* [Required work]:
Return the records word for word. Pictures do not belong in the copy.

* [Information shown]:
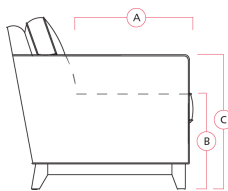

77390 WYNONA

Dimensions shown as Width x Depth x Height. Specifications are correct at time of printing and are subject to change without notice.
LHF - left hand facing RHF - right hand facing IA - inside arm to inside

Dimensions

- A - Seat Depth - 23" / 58cm
- B - Seat Height - 17" / 43cm
- C - Arm Height - 23" / 58cm

Features

- All Pieces are finished on all sides (Can be freestanding)
- Sectional pieces all have hidden sectional connectors (Provided)
- Hardwood, softwood and engineered wood products; all joints pinned & glued for uniformity & strength
- Back: Premium elastic webbing offers consistent suspension for the life of the product
- Seat: 8 gauge sinuous wire springs for superior ride and comfort
- High resilience seat foam for superior durability and comfort
- Back filled with blown fibre
- Wood or metal foot option

73 Table with Cushion
38 x 27 x 13"
97 x 69 x 33cm

77390 WYNONA

How We Measure

Height - measured from the highest point of the back pillow to the floor.

Depth - measured from the front edge of the seat cushion to the top of the back.

Width - measured from the widest point of the arm or arm pillow to the widest point of the opposite arm or arm pillow.

Arm Height - measured from the top of the arm to the floor.

Seat Height - measured from the crown of the seat cushion to the floor.

* [Task answer]:
77390 WYNONA

Dimensions shown as Width x Depth x Height. Specifications are correct at time of printing and are subject to change without notice.
LHF - left hand facing RHF - right hand facing IA - inside arm to inside

Dimensions

- A - Seat Depth - 23" / 58cm
- B - Seat Height - 17" / 43cm
- C - Arm Height - 23" / 58cm

Features

- All Pieces are finished on all sides (Can be freestanding)
- Sectional pieces all have hidden sectional connectors (Provided)
- Hardwood, softwood and engineered wood products; all joints pinned & glued for uniformity & strength
- Back: Premium elastic webbing offers consistent suspension for the life of the product
- Seat: 8 gauge sinuous wire springs for superior ride and comfort
- High resilience seat foam for superior durability and comfort
- Back filled with blown fibre
- Wood or metal foot option

73 Table with Cushion
38 x 27 x 13"
97 x 69 x 33cm

77390 WYNONA

How We Measure

Height - measured from the highest point of the back pillow to the floor.

Depth - measured from the front edge of the seat cushion to the top of the back.

Width - measured from the widest point of the arm or arm pillow to the widest point of the opposite arm or arm pillow.

Arm Height - measured from the top of the arm to the floor.

Seat Height - measured from the crown of the seat cushion to the floor.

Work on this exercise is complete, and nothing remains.